◆ **WORK TO BE COMPLETED**: Reproduce from the records below, with no pictures, exactly the lines between the one containing "Z: 9,5 – 19,5" and the one containing "mit Lounge <b>DL</b>", inclusive.

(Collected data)
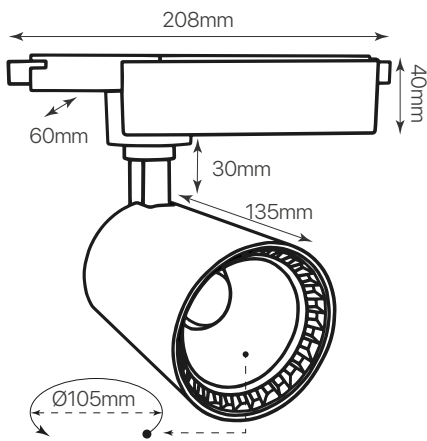

track.12
 proyector led
 ficha técnica
 datasheet

ref. 5550659

Nombre / Name	Track. 12
Referencia / Reference	5550659
Materiales / Materials	Aluminio + PC / Aluminum + PC
Difusor / Diffuser	Cristal / Glass
Potencia / Power	30W
Temperatura de color / Color temperature	4000K
Flujo luminoso / Luminous flux	3050 lm
Dimable / Dimmable	-
Ángulo de apertura / Beam angle	24°
Ángulo de inclinación / Inclination angle	90° / 360°
IP	IP20
IK	-
F.P	>0.5
UGR	-
IRC	>83
Chip	COB EPICSTAR
Driver	i-TEC SERIES
Vida media (duración) / Average life	>30.000 h
Clase energética / Energy class	A+
Aislamiento eléctrico / Electrical isolation	Clase I / Class I
Colores / Colors	Negro / Black
Medida exterior / Product size	208mm x 60mm x 40mm x 135mm x Ø105mm
Medidas de corte / Cutting measurements	-
Tª (ambiente/trabajo) / Tª (environment/work)	-20°C ~ +50°C
Input	AC 100 ~ 240V
Output	DC 27~42V 720mA ±5%
Frecuencia / Frequency	50 / 60Hz
Peso / Weight	0,65 Kg
Certificados / Certificates	CE RoHS
Garantía / Warranty	2 años / 2 years
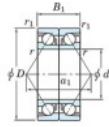

Rolamento esfera carreira simple 7207-CDB-JTEKT - 7207-CDB-JTEKT

<https://www.123rolamento.pt/rolamento-mancal/rolamento-esferas/carreira-simple/7207-cdb-jtekt>

Boundary dimensions

Bearing No.	Boundary dimensions (mm)						Basic load ratings (kN)		Fatigue load factor		Limiting speeds (min⁻¹)
	d	D	B	r1 (mm)	r2 (mm)	C_r	C_{0r}	C₁₀	C₁₄		
7207CDB	35	72	34	1.1	0.6	65.1	43.5	3	14	9600	

CARACTERÍSTICAS DO PRODUTO

Marca	JTEKT
Nº Ean13	3616060644558
Diâmetro interior	35 mm
Diâmetro interior	1.378" inch
Diâmetro exterior	72 mm
Diâmetro exterior	2.835" inch
Espessura	34 mm
Espessura	1.339" inch
Velocidade-limite	9600 rpm
Carga dinâmica	65.1 kN
Carga estática	43.5 kN
Embalagem	1

contato@123rolamento.pt

CRT4 de Lesquin 60 Rue Du Haut De Sainghin 59273 Fretin FRANCE
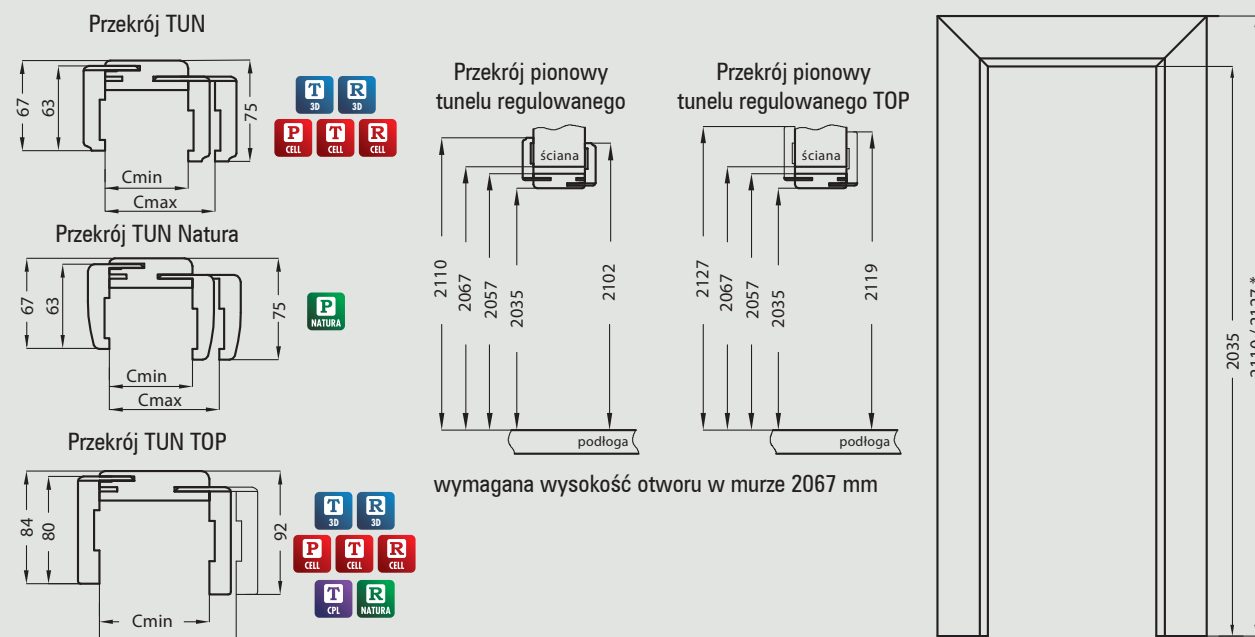

Tunel regulowany pojedynczy

symbol	60	70	80	90	100
A	600	700	800	900	1000
C	644	744	844	944	1044
D	664	764	864	964	1064
E	750	850	950	1050	1150
E*	784	884	984	1084	1184
F	734	834	934	1034	1134
F*	768	868	968	1068	1168

Tunel regulowany podwójny

symbol	120	140	160	180	200
A	1200	1400	1600	1800	2000
C	1244	1444	1644	1844	2044
D	1264	1464	1664	1864	2064
E	1350	1550	1750	1950	2150
E*	1384	1584	1784	1984	2184
F	1334	1534	1734	1934	2134
F*	1368	1568	1768	1968	2168
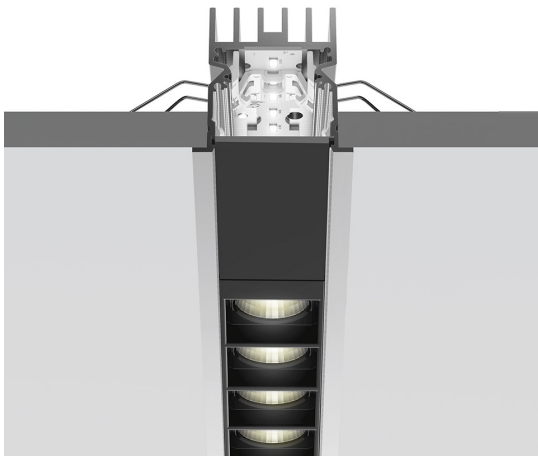

# A.39 Incasso Emissione Sharping - Modulo Strutturale Trim - 2368mm - 20° - 3000K - Non Dimmerabile/Dimmerabile DALI - 4x4 Ottiche - Argento

Carlotta de Bevilacqua

## DESCRIZIONE

Versione ottimizzata per applicazioni in linea con grandi lunghezze. Emissione diffondente diretta e diretta + indiretta. Versioni incasso trim, trimless, sospensione e soffitto. Versione dimmerabile e non dimmerabile in due temperature di colore 3000K e 4000K.

## CARATTERISTICHE

- Codice articolo: **BH22005**
- Colore: **Argento**
- Installazione: **Incasso**
- Serie: **Architectural Indoor**
- Emissione: **Diretta**
- design by: **Carlotta de Bevilacqua**

## DIMENSIONI

- Lunghezza: **cm 237**
- Larghezza: **cm 5.5**
- Profondità incasso: **cm 5.7**
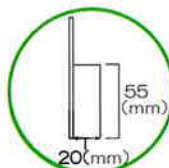

## マグネットポケット

[カラー] ■用途の多いオールマイティなグッズです。  
白赤青黄

シルク パット

[素材]  
ポケット PVC樹脂  
裏面 マグネットシート  
Sサイズ 26×170×120 (mm)  
Mサイズ 26×210×160 (mm)  
Lサイズ 36×300×240 (mm)

## クリップマグネット

[素材]  
PVC樹脂  
フェライト磁石  
展開サイズ  
(Tタイプ) 78×42 (mm)  
(丸タイプ) 84×30 (mm)

シルク オフセット

[ポケットサイズ]

## 印鑑ポケット

[素材] ■シルク ■パット  
ポケット PVC樹脂  
裏面 マグネットシート  
サイズ 21×90×30 (mm)  
■小物入れに。

[ポケットサイズ]

## カードポケット

[素材] ■シルク ■パット  
ポケット PVC樹脂  
裏面 マグネットシート  
サイズ 90×100 (mm)
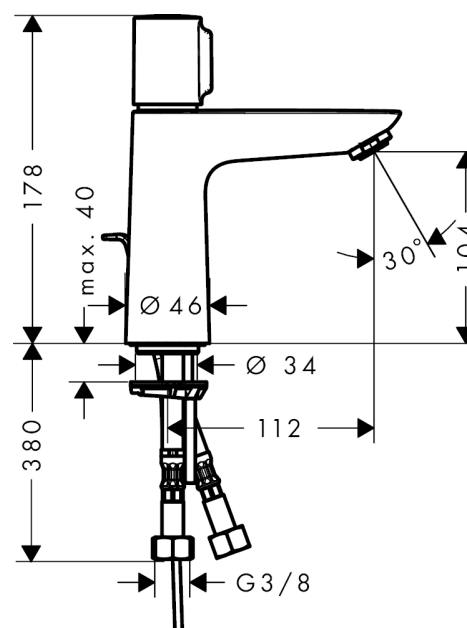

Talis Select E

Смеситель для раковины 110, однорычажный, со сливным гарнитуром

Поверхности : хром Артикульный номер : 71750000

Описание

Характеристики

- ComfortZone 110
- выступ 112 мм
- обычная струя
- расход воды: 5 л/мин
- регулируемое ограничение температуры
- подходит для проточных водонагревателей
- класс шума: I

Технология

Продукт

Чертеж

График расхода воды
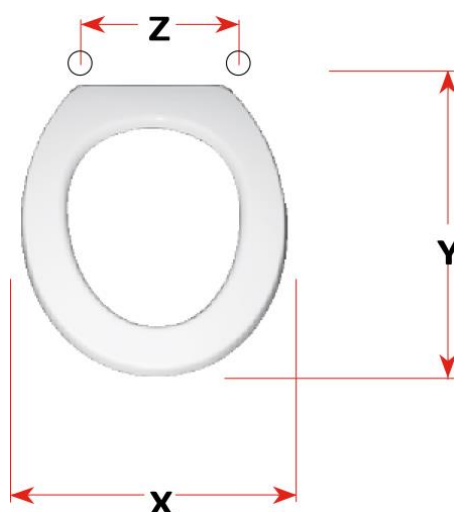

mybagno

SCHEDA TECNICA

MAIORCA

Cod. articolo: S426P03

Copriwater in resina poliestere

X: 37
Y: 45,5
Z: 9,5 – 19,5
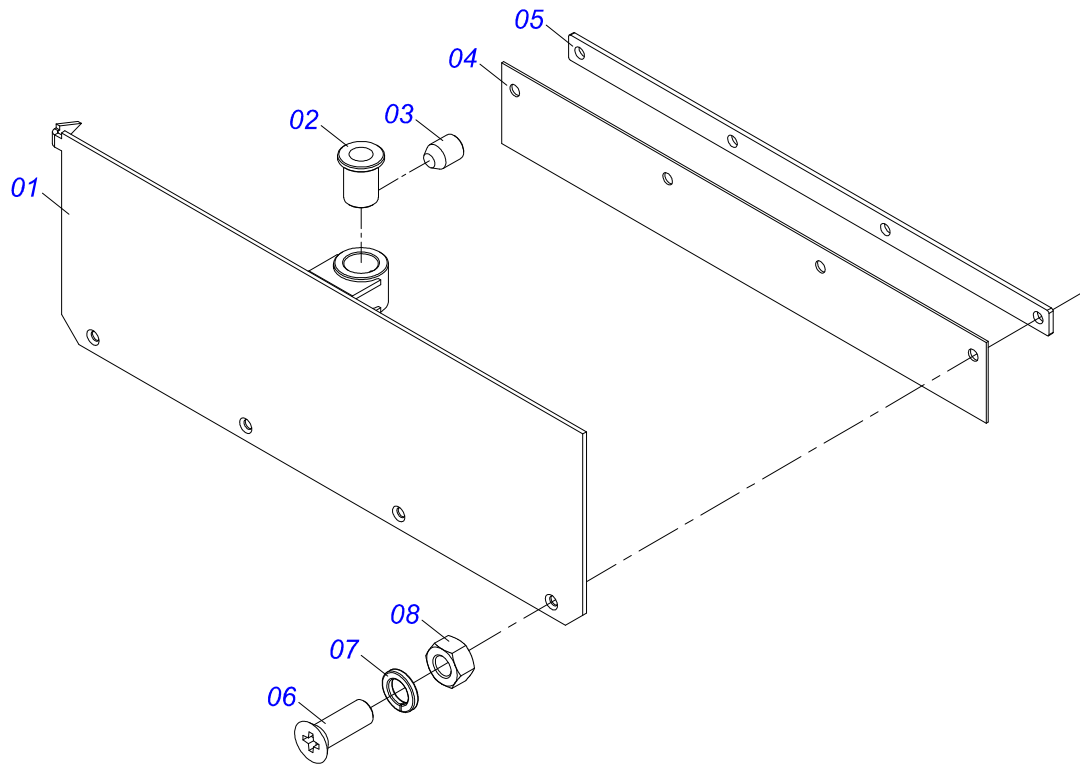

Item	Código	Descrição	Ver Pág.	QT
01	0501069181	TAMPA COMPORTA		01
02	0501019831	PORCA REGULADORA		01
03	0503011148	PARAFUSO 3/8 UNC X 1/2 S C S I 12.9		01
04	0511014562	PROTEÇÃO MENOR 555 X 80 X 2,30		01
05	0511016575	FIXADOR MANTA BORRACHA		01
06	0503010546	PARAFUSO 5/16UNCX7/8 CE PHILLIPS G5 ZN		04
07	0503011444	ARRUELA PRESSAO 5/16 SA		04
08	0503010337	PORCA SEXTAVADA 5/16 UNC G.5 ZN		04
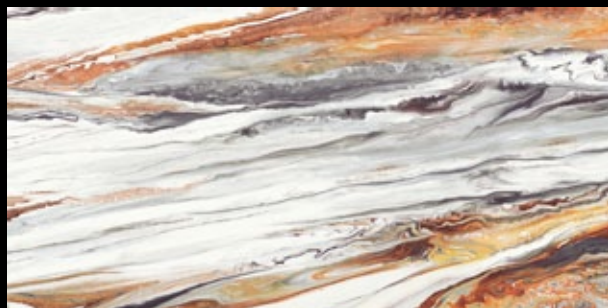

Liquid Purple lucidato
150x300 AH70C1A1

7 246 Kč/m²
5 490 Kč/m²
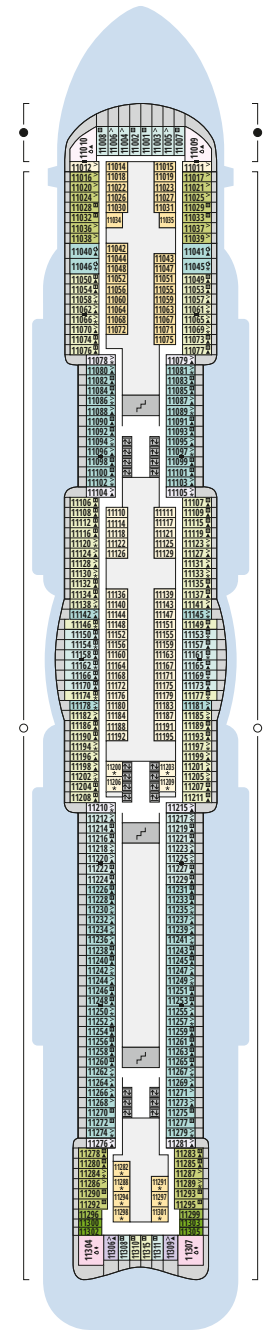

## Legende

Die folgende Übersicht beginnt mit der günstigsten Kabinenkategorie (Darstellung der Kabinennummern nur beispielhaft).

<b>10161</b> Einzelkabine Innen <b>1I</b>	<b>8030</b> Verandakabine Komfort <b>VC</b>
<b>4338</b> Innenkabine <b>IC</b>	<b>9172</b> Verandakabine Komfort <b>VB</b>
<b>9130</b> Innenkabine <b>IB</b>	<b>9318</b> Verandakabine Komfort <b>VA</b>
<b>9012</b> Innenkabine <b>IA</b>	<b>17062</b> Verandakabine Deluxe <b>DB</b>
<b>4097</b> Meerblickkabine <b>MB</b>	<b>12305</b> Verandakabine Deluxe <b>DA</b>
<b>5126</b> Meerblickkabine <b>MA</b>	<b>9218</b> Verandakabine Deluxe mit Lounge <b>DL</b>
<b>14290</b> Einzelkabine Balkon <b>1B</b>	<b>9107</b> Junior-Suite mit Lounge und Balkon <b>JB</b>
<b>5146</b> Balkonkabine <b>BC</b>	<b>8009</b> Junior-Suite mit Veranda <b>JA</b>
<b>9315</b> Balkonkabine <b>BB</b>	<b>9314</b> Suite mit priv. Sonnendeck <b>SC</b>
<b>9189</b> Balkonkabine <b>BA</b>	<b>17009</b> Premium-Suite mit priv. Sonnendeck <b>SB</b>
	<b>12306</b> Penthouse-Suite mit priv. Sonnendeck <b>SA</b>

## Schiffsbereiche

Lift	Pool/Wasserlandschaft
Treppe	Sportaußendeck
Außendeck/Balkon	Entertainment
Betriebsraum/Crew	Bar
Gänge	Restaurant
WC	Shop/Counter
Behindertenfreundliches WC mit Wickeltisch	

- ▲ 3-Bett-Kabine
- \* 4-Bett-Kabine
- ◆ 5-Bett-Kabine
- Verbindungstür
- G Behindertenfreundlich
- > Extraviel Platz
- ▣ Begehbarer Kleiderschrank
- Toilette und Dusche getrennt
- Balkonbrüstung Glas
- Balkonbrüstung Stahl

## Deck 14

- 25 Waschsalon

Deck 20

Deck 19

Deck 18

Die Darstellung der Decksgrundrisse ist stark vereinfacht (Änderungen vorbehalten).

# Decksgrundrisse

Deck 17

Deck 16

Deck 15

Deck 14

Deck 12

Deck 11
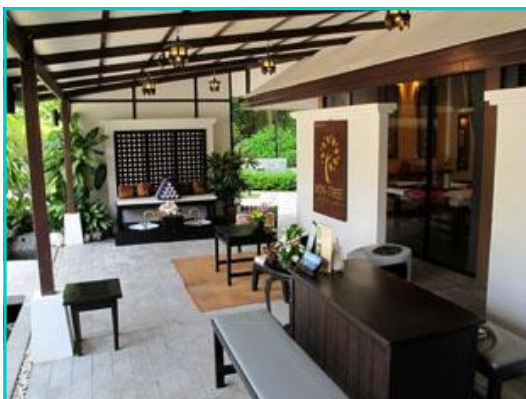

SECRET CLIFF RESORT * * * *

707 Patak Road, Karon Cliff, Karon, Phuket

Překrásný 4 hvězdičkový resort. Hotel je umístěn na útesu nad Andamanským mořem, blízko pláže Karon. Úchvatná vyhlídka z hotelové restaurace a bazénu patří mezi unikátní na celém ostrově Phuket. Vysoká kvalita služeb a ubytování je samozřejmostí. Hotelová restaurace podává thajskou, mezinárodní a italskou kuchyni.

Vybavení:

Bazén	ANO
Internet	ANO
Klimatizace	ANO
Recepce	ANO
Pokojevá služba	ANO
Výtah	NE
Restaurace	ANO
Bar	ANO
Masáže	ANO
Prádelna	ANO
Trezor	ANO
TV	ANO
Balkon / Terasa	ANO
Koupelna	ANO
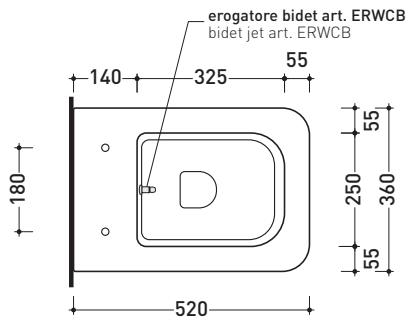

Technical accessories: Universal fixing bracket for wall hung wc/bidet (41/P)

Package dim. 53 x 37 x 34,5 cm | Weight 20 kg | Pz. Pallet n° 15

vista zenitale / zenital view

vista laterale / lateral view

sezione longitudinale / section

Technical accessories: Universal fixing bracket for wall hung wc/bidet (41/P)

Package dim. 53 x 37 x 34,5 cm | Weight 21 kg | Pz. Pallet n° 15

vista zenitale / zenital view

dettaglio erogatore / bidet jet detail

Package dim. **53 x 37 x 25 cm** | Weight **18 kg** | Pz. Pallet n° **15**

vista zenitale / zenital view

vista laterale / lateral view

sezione longitudinale / section

vista retro / back view

size in mm

may 2015

◆ **EXPECTED ANSWER**:
Z: 9,5 – 19,5

Item	Código	Descrição	Ver Pág.	QT
01	0501069181	TAMPA COMPORTA		01
02	0501019831	PORCA REGULADORA		01
03	0503011148	PARAFUSO 3/8 UNC X 1/2 S C S I 12.9		01
04	0511014562	PROTEÇÃO MENOR 555 X 80 X 2,30		01
05	0511016575	FIXADOR MANTA BORRACHA		01
06	0503010546	PARAFUSO 5/16UNCX7/8 CE PHILLIPS G5 ZN		04
07	0503011444	ARRUELA PRESSAO 5/16 SA		04
08	0503010337	PORCA SEXTAVADA 5/16 UNC G.5 ZN		04

Liquid Purple lucidato
150x300 AH70C1A1

7 246 Kč/m²
5 490 Kč/m²

## Legende

Die folgende Übersicht beginnt mit der günstigsten Kabinenkategorie (Darstellung der Kabinennummern nur beispielhaft).

<b>10161</b> Einzelkabine Innen <b>1I</b>	<b>8030</b> Verandakabine Komfort <b>VC</b>
<b>4338</b> Innenkabine <b>IC</b>	<b>9172</b> Verandakabine Komfort <b>VB</b>
<b>9130</b> Innenkabine <b>IB</b>	<b>9318</b> Verandakabine Komfort <b>VA</b>
<b>9012</b> Innenkabine <b>IA</b>	<b>17062</b> Verandakabine Deluxe <b>DB</b>
<b>4097</b> Meerblickkabine <b>MB</b>	<b>12305</b> Verandakabine Deluxe <b>DA</b>
<b>5126</b> Meerblickkabine <b>MA</b>	<b>9218</b> Verandakabine Deluxe mit Lounge <b>DL</b>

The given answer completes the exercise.